Kilayla Pilon Interview
The Indie Book Butler Interview.
IBB: You’ve got twenty words to tempt us to read your book(s). What would you say?
KP: Delve into a poetic mind and experience pain, loss and heartache like you’ve never experienced before.
IBB: Where do you like to write?
KP: I like to write by the window on a dismal, rainy day with soft thunder and gentle music/
IBB: Is there anything you must have in order to write?
KP: At least one cup of coffee, maybe some tea, and a nice comfortable blanket.
IBB: What books have influenced you most, both as a person and as an author?

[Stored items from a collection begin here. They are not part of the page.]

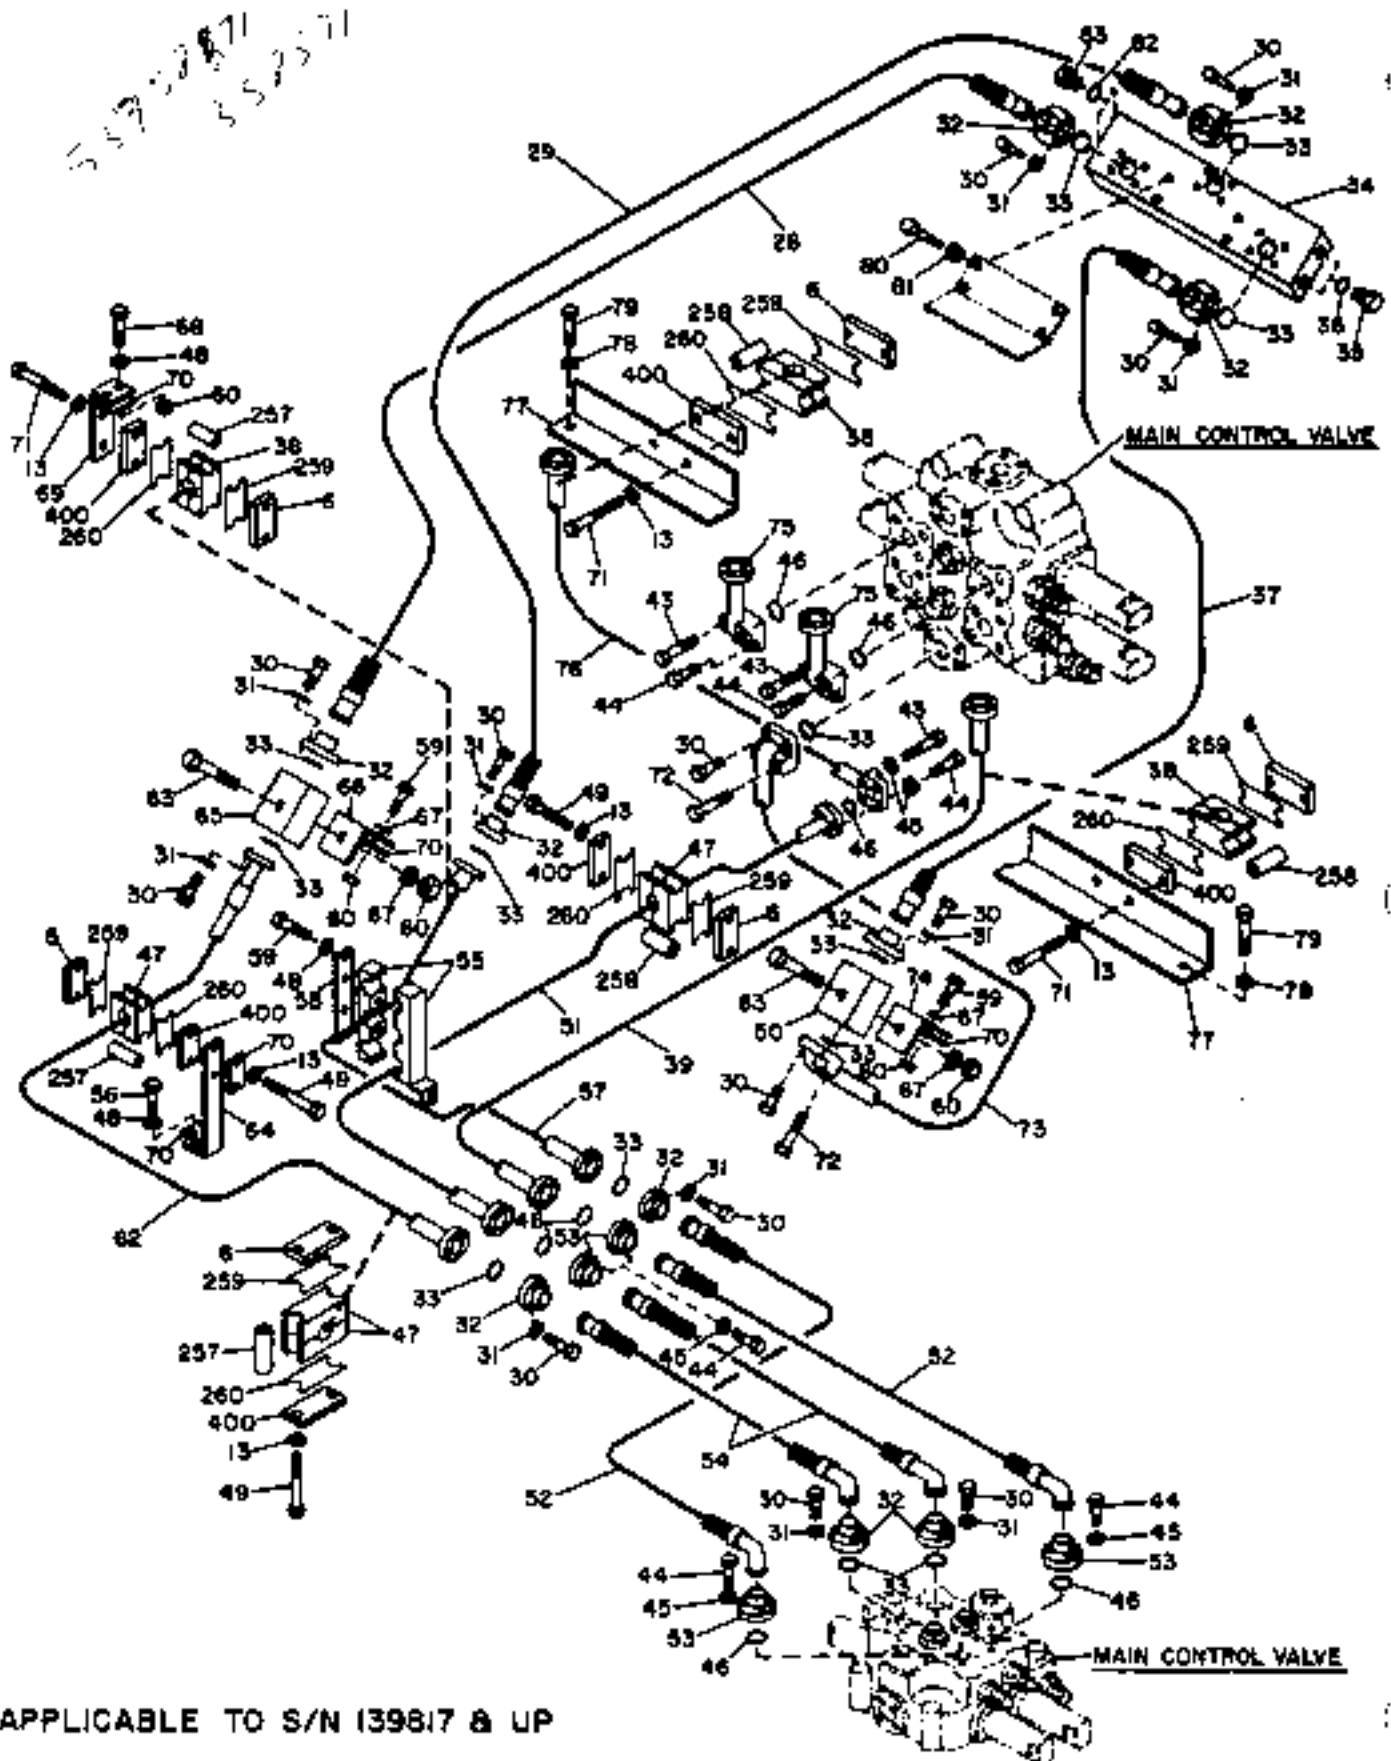

TO GRAPPLE VALVE
SEE DRAWING ZA423J

APPLICABLE TO S/N 140530 & UP

LOGGER ONLY
HYDRAULICS - HIGH PRESSURE
RETURN LINES TO TANK

BUCYRUS-ERIE

factory spec replacement parts

PARTS LIST

CAT REF	DESCRIPTION	SERIAL NO.		PART NO.	REPLACE OR VENDOR NO.	REQ.
		FROM	TO/INCL.			
	012 HIGH PRESSURE HYDRAULICS-RETURN LINES TO TANK					X X X
	LOGGER ONLY DRAWING ZA423L	140530				X X
6	TAPPED BAR	140530		647649-11		6 X
13	LOCKWASHER 3/8	140530		03961300		12 X
23	HOSE ASSEMBLY	140530		53796564		1 X
31	TUBE ASSEMBLY	140530		78461526		1 X
55	TUBE ASSEMBLY	140530		78308498		1 X
84	O-RING	140530		68766270		5 X
85	TUBE ASSEMBLY	140530		78461525		1 X
86	BELLEVILLE WASHER 7/16	140530		03955002		16 X
87	CAPSCREW 7/16X1-1/2 NC GRADE 5	140530		03282480		12 X X
88	HOSE ASSEMBLY	140530		53792806		1 X
89	TEE	140530		78638440		1 X
90	O-RING	140530		68120820		1 X
94	BRACKET	140530		8001113-01		1 X
97	HOSE ASSEMBLY	140530		53788946		1 X
100	ADAPTER	140530		78550255		1 X
101	CAPSCREW 5/8X1-1/4 NC GRADE 5	140530		03292440		2 X X
102	PLAIN WASHER 5/8	140530		03951800		3 X
103	WRIST & PRIMARY HOIST DIRECTIONAL CONTROL VALVE-SEE DRAWING 79380946 FOR COMPONENTS	140530		79380946		1 X X X X
104	LOCKNUT 5/8 NC	140530		02786465		3 X
105	CAPSCREW 5/8X3-1/4 NC GRADE 5	140530		03292040		1 X X
107	O-RING	140530		68136135		8 X
108	TUBE ASSEMBLY	140530		78389654		1 X
109	BELLEVILLE WASHER 1/2	140530		03955003		32 X
110	CAPSCREW 1/2X1-1/2 NC GRADE 5	140530		03285480		12 X X
116	CUSHION CLAMP	140530		82210868		2 X
119	SPACER 1/8	140530		82866418		11 X
120	CABLE TIE	140530		17448500		1 X
121	CAPSCREW 5/8X1 NC GRADE 5	140530		03292280		2 X X
122	LOCKWASHER 5/8	140530		03961700		3 X
123	CAPSCREW 5/8X2-1/2 NC GRADE 5	140530		03291800		1 X X
124	DIG & AUXILIARY HOIST DIRECTIONAL CONTROL VALVE-SEE DRAWING 79380970 FOR COMPONENTS	140530		79380970	647353-01	10X X X X
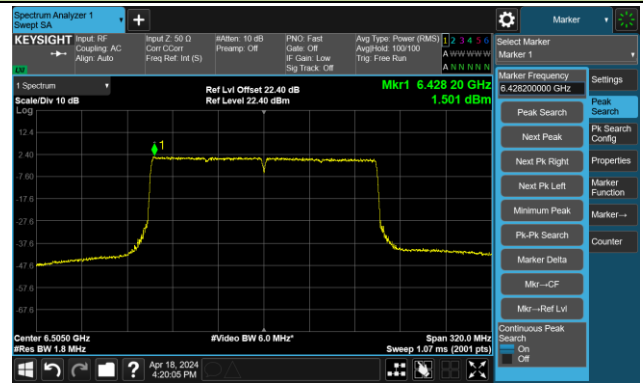

The Mask Data

802.11ax-HE160 – Ant 2

Channel 15 (6025MHz)

The Reference Level

The Mask Data

Channel 47 (6185MHz)

The Reference Level

The Mask Data

Channel 79 (6345MHz)

The Reference Level

The Mask Data

802.11ax-HE160 – Ant 2

Channel 111 (6505MHz)

The Reference Level

The Mask Data

Channel 143 (6665MHz)

The Reference Level

The Mask Data

Channel 175 (6825MHz)

The Reference Level

The Mask Data

802.11ax-HE160 – Ant 2

Channel 207 (6985MHz)

The Reference Level
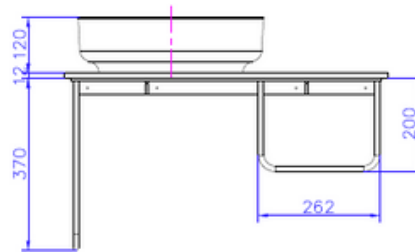

G2736-0 Vanity & G38576 Basin

Notes:

- Solid surface basin & bench
- Stainless steel frame
- 10 year manufacturers warranty

Size: 700 x 460 x 490 (mm)

Finishes:

- Various colours available for basin, benchtop and frame

Options:

- Stone waste

Net Weight: 23kg
Gross Weight: 27kg
Unit: mm
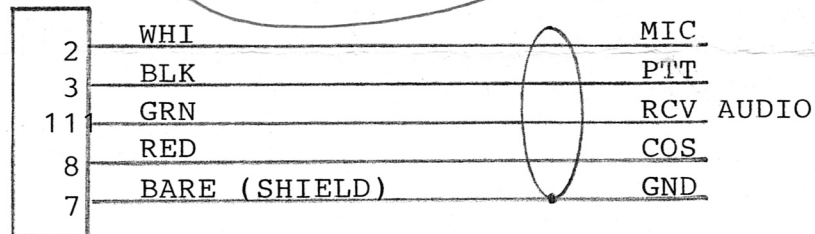

16-PIN CABLE #63 (3') CABLE #66 (6')

16-PIN CABLE #73 (3') CABLE #76 (6')

20-PIN (CDM) CABLE #83 (3') CABLE #86 (6')

20-PIN (CDM) CABLE #93 (3') CABLE #96 (6')

KURT MELTZER
WB9KNX

MELTZER RADIO ENGINEERING
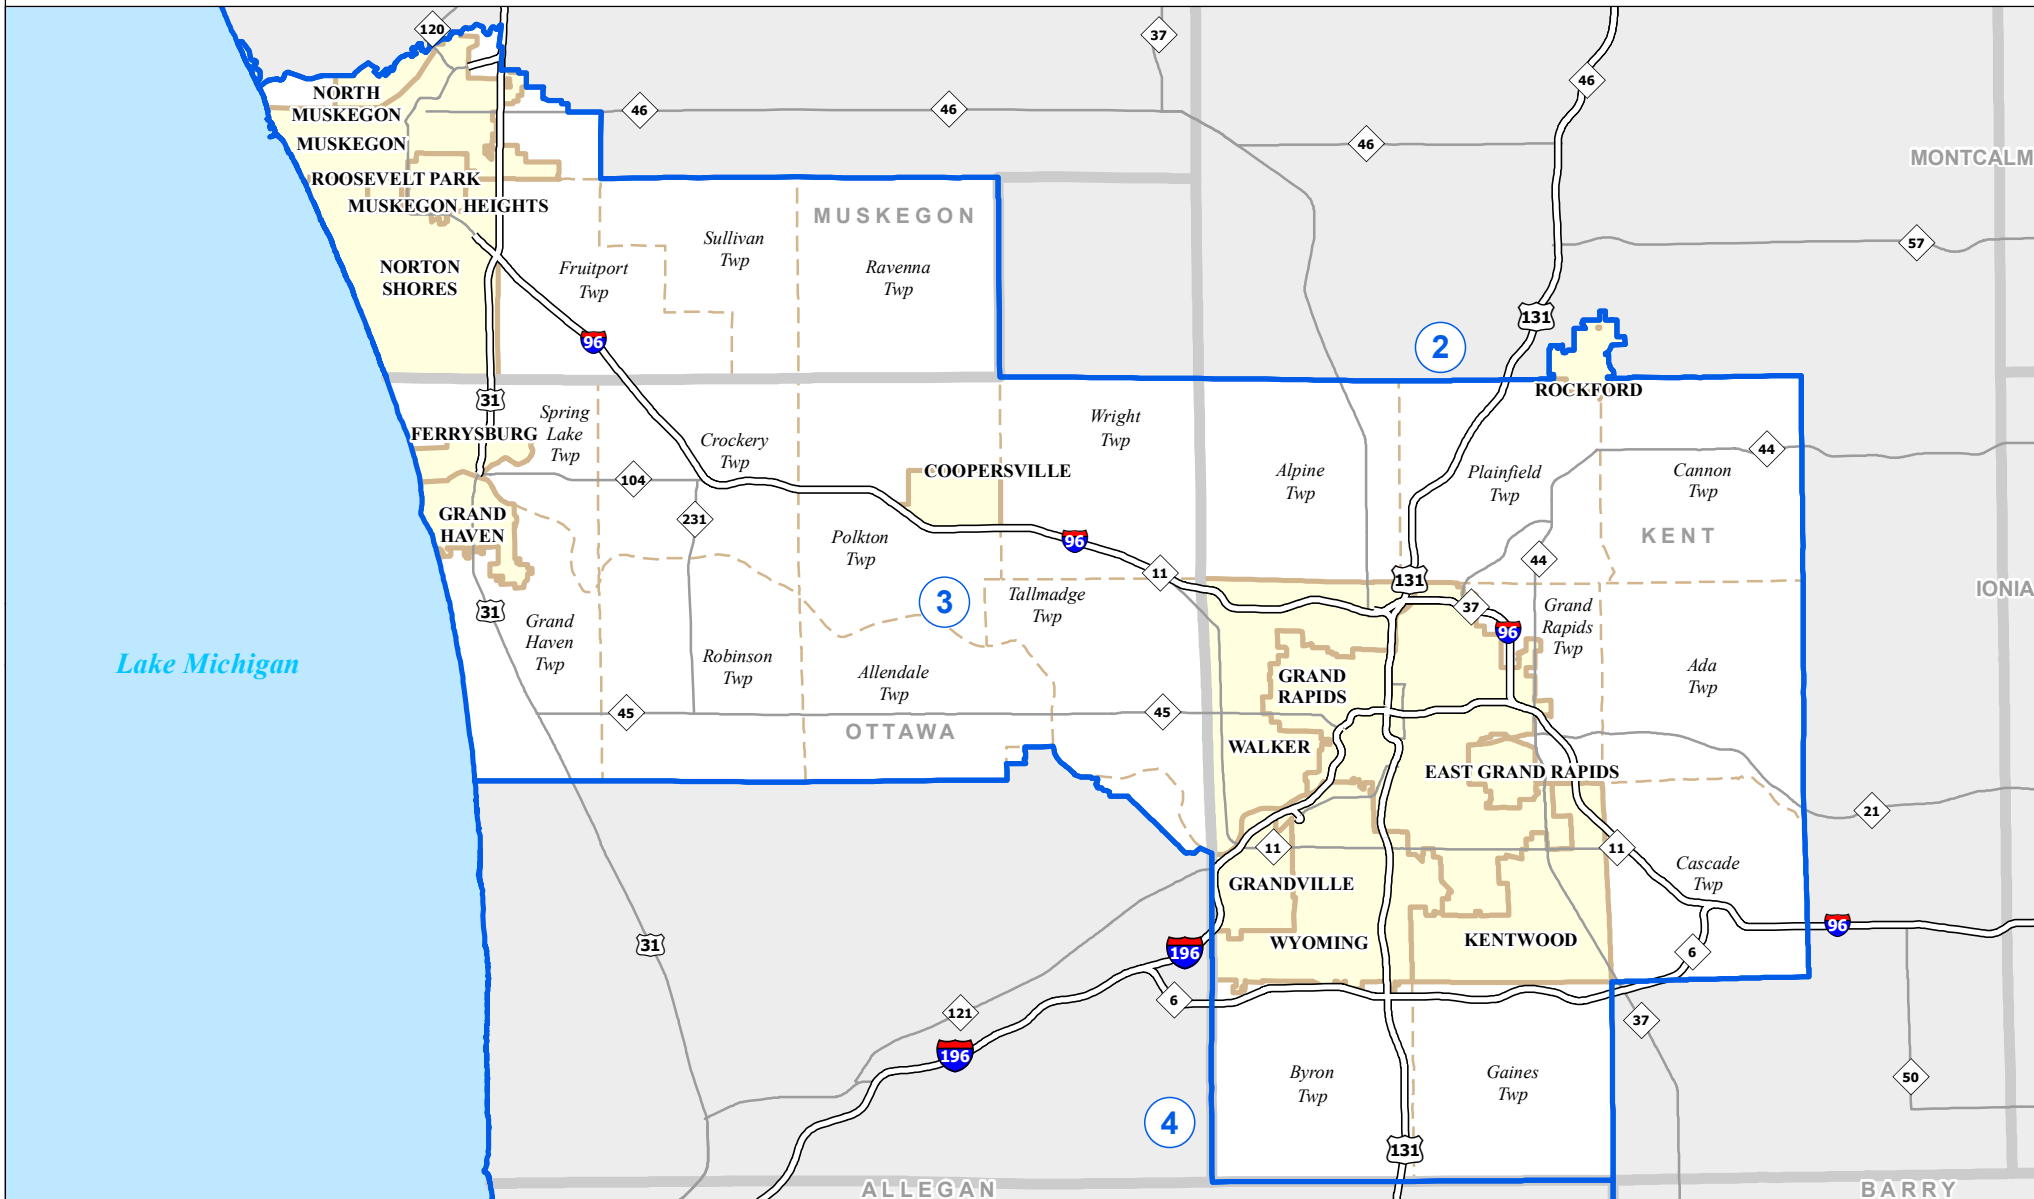

# MICHIGAN CONGRESSIONAL DISTRICT 3 2021 Apportionment Plan

0 1.25 2.5 5 Miles

Source:  
Base Map - Michigan Geographic Framework v17a, v20  
Congressional District Boundaries - 2021 Apportionment Plan as  
adopted by the Michigan Independent Citizens Redistricting  
Commission on 12/28/2021 pursuant to its authority and duty in  
Article IV, Section 6 of the Michigan Constitution of 1963

Legend					
	Congressional District		County		Freeway
	City		Township		Highway

### Kent County (part)

- Ada Township
- Alpine Township
- Byron Township
- Cannon Township
- Cascade Township
- East Grand Rapids city
- Gaines Township
- Grand Rapids city
- Grand Rapids Charter Twp.
- Grandville city
- Kentwood city
- Plainfield Township
- Rockford city
- Walker city
- Wyoming city

### Muskegon County (part)

- Fruitport Township
- Laketon Township (part)
- Muskegon city
- Muskegon Township (part)
- Muskegon Heights city
- North Muskegon city (part)
- Norton Shores city
- Ravenna Township
- Roosevelt Park city
- Sullivan Township
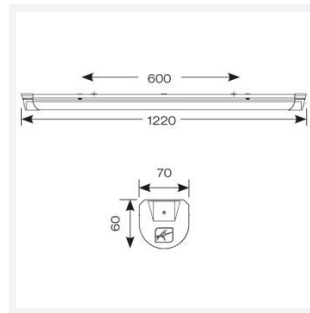

Topline EVO

Topline EVO CCT Multi Wattage 1200mm
Code: ATLEVO4/MWS

Category	Battens and Weatherproofs
Application	Ancillary, Commercial, Education, Healthcare, Industrial, Retail
Specification	Performance

GENERAL INFORMATION	
Wattage	18W - 31W
Lumens Delivered	2500lm - 4300lm (4000K)
Lm/W	140lm/W
Beam Angle	105/140
CRI	80
CCT	3000/4000/5700K
Input	220-240V
Operating Temp	-10°C - 40°C
SDCM	6
UGR	24
Product Weight without Packaging	1.42 kg

TECHNICAL INFORMATION	
Light Source	LED
Colour / Finish	White
IP Rating	IP20
Class Protection	1
Internal / External	Internal
Surface / Recessed / Suspended	Ceiling, Suspended
Lumen Depreciation	L80 54,000h
Warranty (Years)	5
CE Mark	Yes
Height	69.5 mm
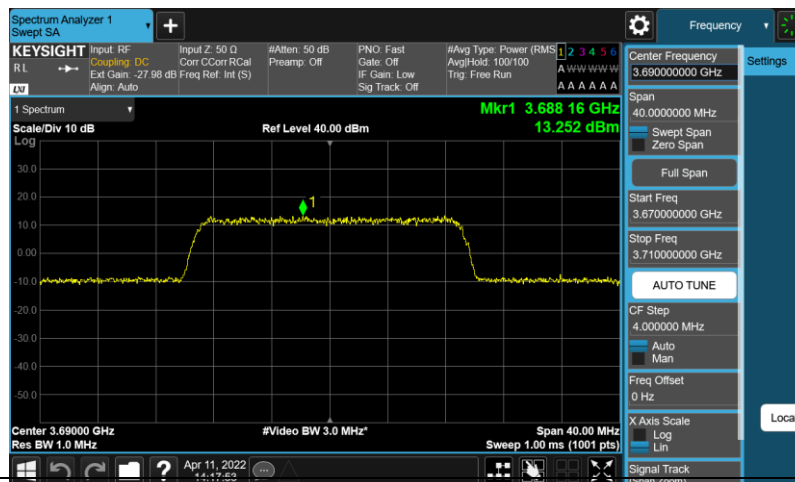

Band48-20MHz-64QAM-56640-E-TM3.1
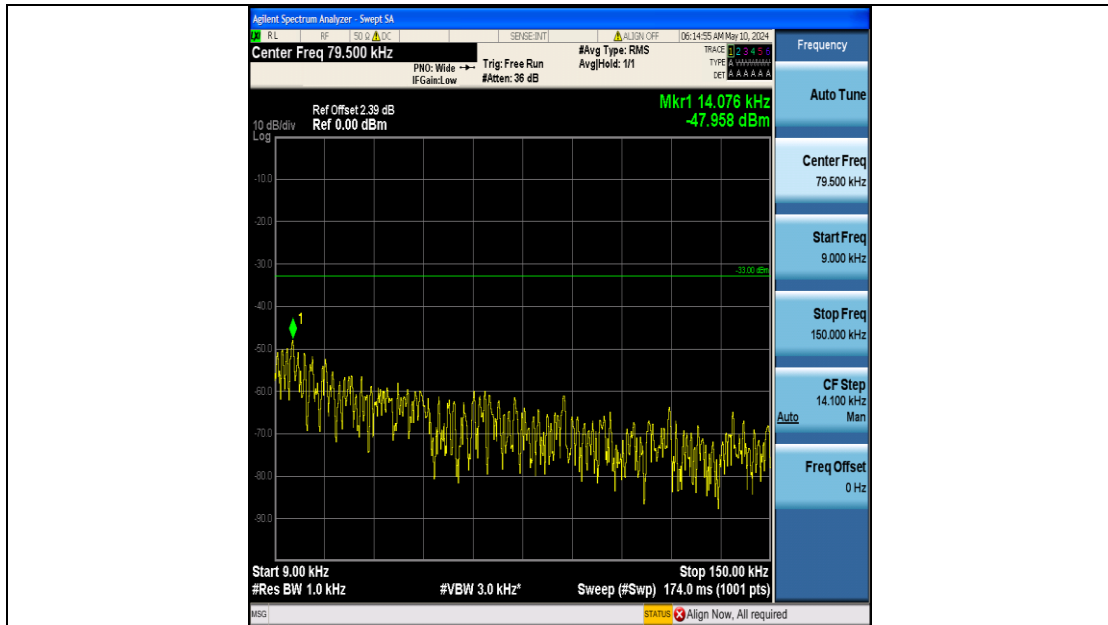

Band26_5MHz_16QAM_27015_25RB#0_0.15~30_0.15~30

Band26_5MHz_16QAM_27015_25RB#0_30~1000_30~1000

Band26_5MHz_16QAM_27015_25RB#0_1000~3000_1000~3000

Band26_5MHz_16QAM_27015_25RB#0_3000~10000_3000~10000

Band26_10MHz_QPSK_26840_50RB#0_0.009~0.15_0.009~0.15

KP: I was most influenced by the Warriors series when I was young. It led me to learn how to write after I joined an online writing community focused on the books by Erin Hunter. Without those books, I probably never would have become the author I am today.
IBB: What is the one thing that has helped you develop most as an author?
KP: Education has helped me grow inspiration but what has truly helped me was experiencing life and its cruel realities. My newest poetry chapbook focuses a lot on life with addiction, trauma and mental illness along with grief – things I wouldn’t be able to write about without experience.
IBB: What do you want to achieve most from your writing?
KP: I want to someday be able to reach out to vulnerable young readers and show them that the world isn’t all doom and gloom; one day the sun will shine again.
IBB: Have you received a favorite review of your work?
KP: Not at this time, no.
IBB: Were there any particular parts of the writing/publishing process that you struggled with?
KP: Deciding on a title is probably the hardest aspect!
IBB: Is there something specific you do to improve your writing?
KP: I always like to get feedback from others as I write. When I wrote my first book, I had a very literate, book-loving friend who read it for me and gave me her advice.
IBB: What is the ideal relationship between editor and author?
KP: Understanding what the author wants while also understanding the perspective of the editor.
IBB: If you had a direct line to someone who loves or hates your writing, what would you say?
KP: If you love it, I’m so grateful – tell me all about what you like! If you hate it, well, I’m sorry my work doesn’t speak to you in the ways I had hoped, and I truly hope you find writing that you enjoy.
IBB: If you could give one piece of advice to an aspiring author, what would it be?
KP: Never give up, keep writing and just do what you want – it’s your story, your world.
IBB: What does your writing future hold for you?
KP: That remains a mystery but I’d hope my writing future eventually involves further development of my craft and a book signing with a proper publisher.
Thanks for taking the time to answer our questions. Best of luck in the future.